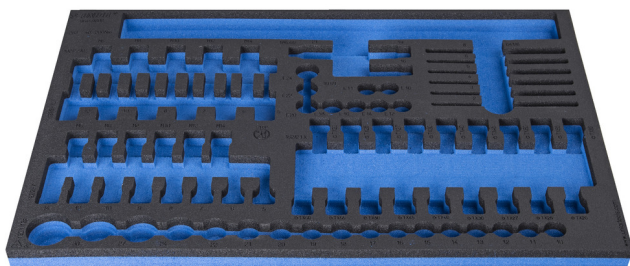

# Modul SOS pentru 964/31SOS

VI964/31SOS

## Profile

## Caracteristicile produsului

- material: spuma polietilena de joasa densitate
- Tool tray dimension: 564 x 364 x 30 mm
- Compatible with drawers of Eurostyle, Eurovision, Euromotion, Europlus and Hercules (front drawers) line

621380

L

564

B

364

H

30

148
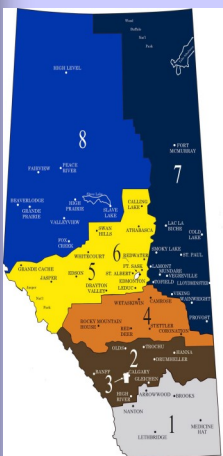

## 2016 Alberta Winter Games Fight off Technical package

Zone 1 – Sunny South  
Zone 2 – Big Country  
Zone 3 - Calgary  
Zone 4 - Parkland

Zone 5 – Black Gold  
Zone 6 - Edmonton  
Zone 7 – North East  
Zone 8 – Peace Country

**Government  
of Alberta**

**ALBERTA**  
SPORT, RECREATION  
PARKS & WILDLIFE  
FOUNDATION
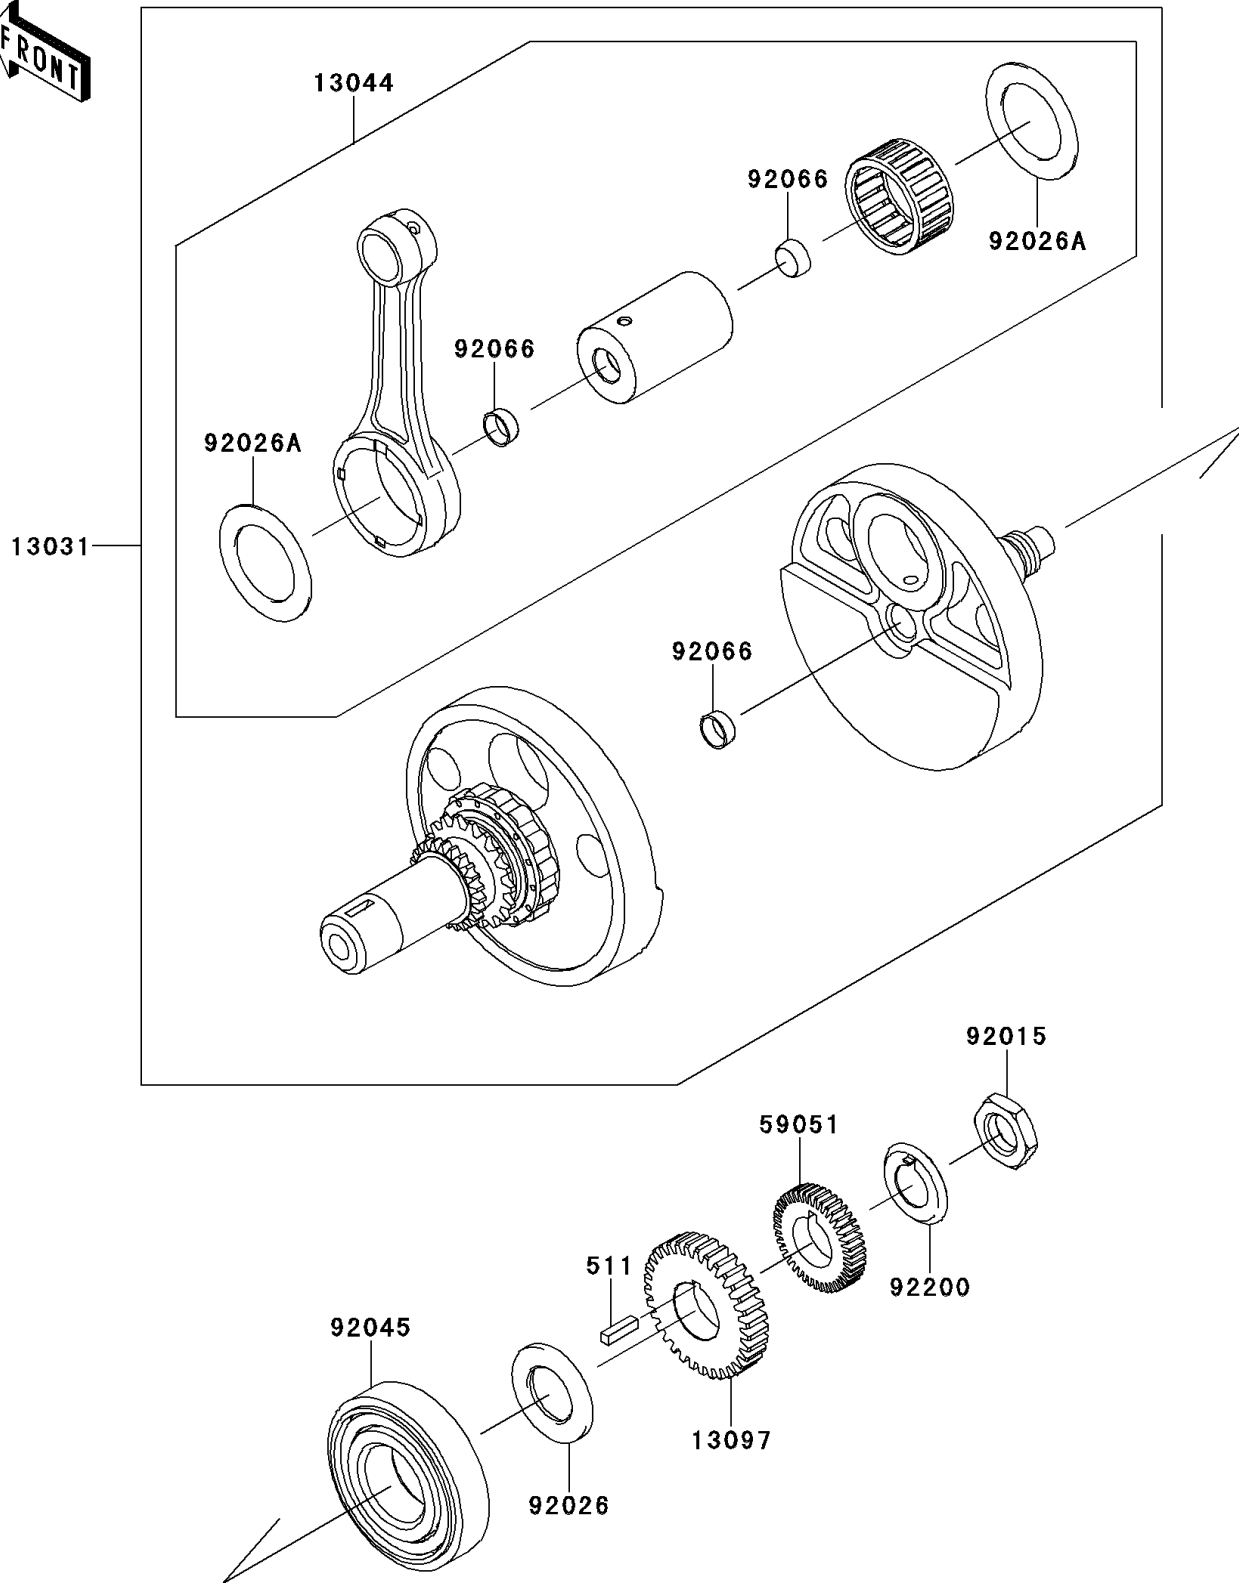

2014 KLR™650 PARTS DIAGRAM

Crankshaft

E1321

2014 KLR™650 PARTS LIST

Crankshaft

ITEM NAME	PART NUMBER	QUANTITY
KEY-SUNK (Ref # 511)	511A0520	1
CRANKSHAFT-COMP (Ref # 13031)	13031-0144	1
SET-CONNECTING ROD (Ref # 13044)	13044-5073	1
GEAR-PRIMARY SPUR,33T (Ref # 13097)	13097-1333	1
GEAR-SPUR,27T (Ref # 59051)	59051-1145	1
NUT,22MM (Ref # 92015)	92015-1890	1
SPACER (Ref # 92026)	92026-0150	1
SPACER,40X60X1.5 (Ref # 92026A)	92026-0152	1
BEARING-BALL,40X90X23 (Ref # 92045)	92045-0065	1
PLUG (Ref # 92066)	92066-1154	1
WASHER (Ref # 92200)	92200-0557	1
....................
- [Work task]
Reproduce, word for word, every line starting at the line that contains "PLUG (Ref #" and ending with the final line of the entries.

- [Solution to the problem]
PLUG (Ref # 92066)	92066-1154	1
WASHER (Ref # 92200)	92200-0557	1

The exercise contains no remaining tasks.